3. Grease three 8 or 9 inch round cake pans. Cover pan bottoms with parchment or wax paper, cut to size. Grease paper, then dust with flour, tapping out excess.
4. Mix cocoa and instant coffee in small bowl. Add boiling water and mix until smooth. Cool to room temperature, then stir in vanilla.
5. Beat butter with electric mixer, at medium-high speed until smooth and shiny, about 30 seconds. Gradually sprinkle in sugar; beat until mixture is fluffy and almost white, 3-5 minutes. Add eggs, one at a time, beating 1 full minute after each addition.
6. Whisk flour, baking soda and salt in medium bowl. With mixer on lowest speed, add about 1/3 of the dry ingredients to batter, followed immediately by about 1/3 of the cocoa mixture; mix until ingredients are almost incorporated. Repeat process twice more. When batter appears blended, stop mixer and scrape bowl sides with rubber spatula. Return mixer to low speed, beat until batter looks satiny, 15-20 seconds.
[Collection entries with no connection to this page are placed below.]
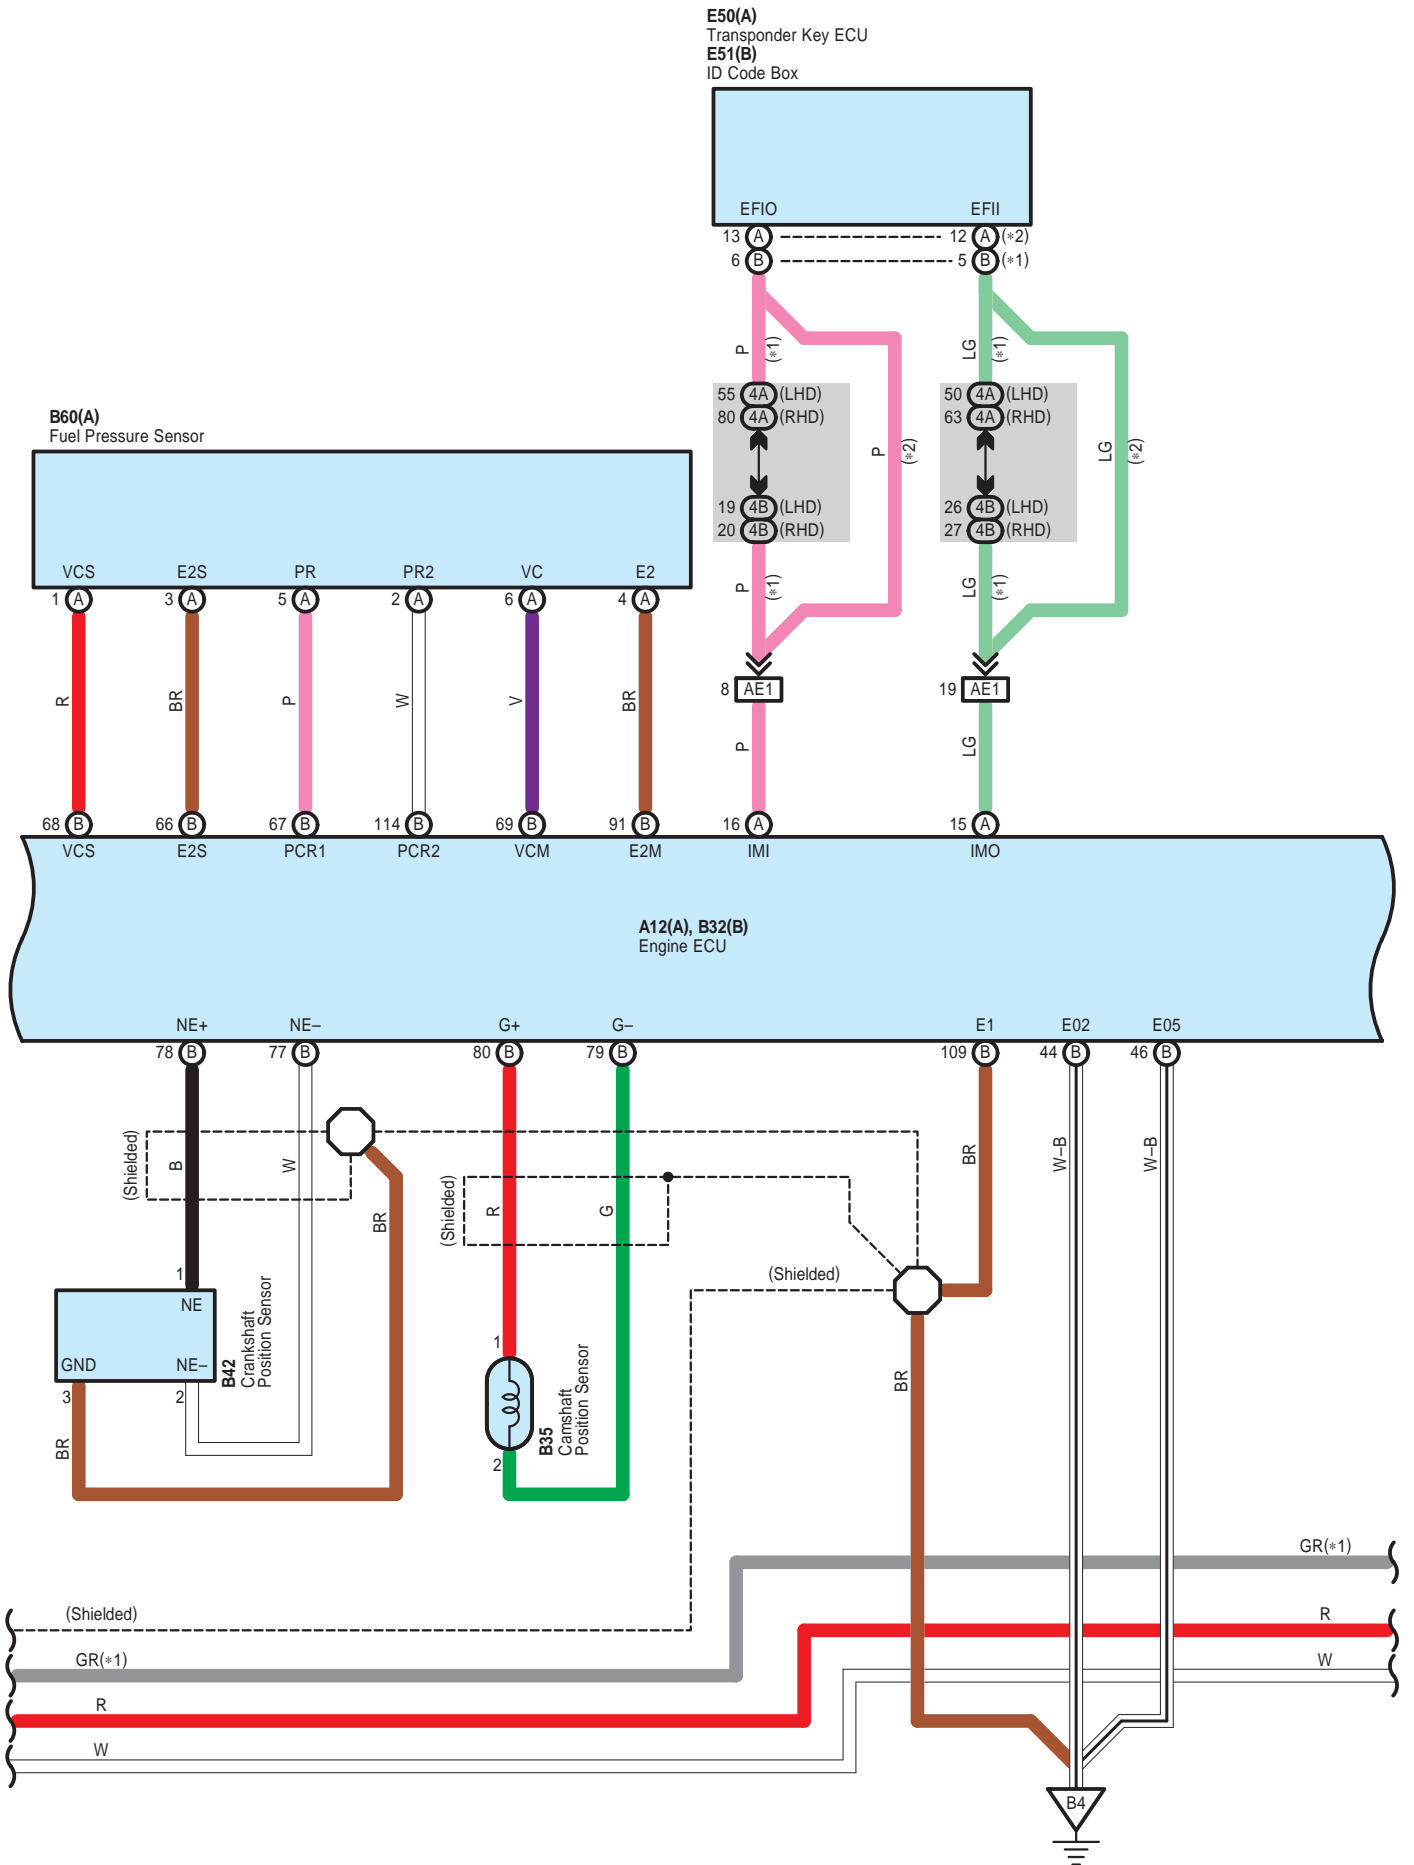

Engine Control <2AD-FHV>

Engine Control <2AD-FHV>

Engine Control <2AD-FHV>

* 1 : w/ Entry & Start System

- * 1 : w/ Entry & Start System
- * 3 : w/ Auto Wiper System
- * 4 : w/o Auto Wiper System
- * 5 : RH Wiper Lever Type
- * 6 : LH Wiper Lever Type

- * 1 : w/ Entry & Start System
- * 2 : w/o Entry & Start System

Engine Control <2AD-FHV>

* 1 : w/ Entry & Start System

B 60

Black

(2AD-FHV)

B 61

Black

7. Divide batter evenly among pans. Spread batter to sides and smooth top. Bake until cakes feel firm in center when lightly pressed and toothpick comes out clean, or with just a crumb or two adhering, 25-30 minutes.
8. Transfer pans to wire racks, cool for 10 minutes. Run knife around edge of each pan, invert cakes onto racks, and peel off paper. Re-invert cakes onto additional racks so tops are up. Cool completely.
9. Frosting:
10. Melt the butter in a small saucepan over low heat or melt it in a large glass bowl in the microwave oven on high power for 45 seconds.
11. Place the melted butter in a large mixing bowl and add the cocoa powder. Whisk until smooth.
12. Add the confectioners' sugar alternately with the sour cream, blending with an electric mixer on low speed for to 11/2 minutes, or until incorporated.
13. Stop the machine and add the vanilla. Increase the mixer speed to medium and beat until light and fluffy, 1 minute more.
14. Place one layer of the cake on a plate. Frost the top with about 1/4 cup of frosting, then put 1/3 of the can of pie filling (about 2/3 cup) on the frosting to within 1/2 inch of edge of cake.
15. Top with another cake layer, frosting and pie filling.
16. Top with last layer of cake, then frost the top and sides of the cake. Build up the frosting around the outer edge of the top layer and fill in the middle with the last of the cherry pie filling.
17. Either add whipped cream in a ring around the top cherries, top each cut slice with it.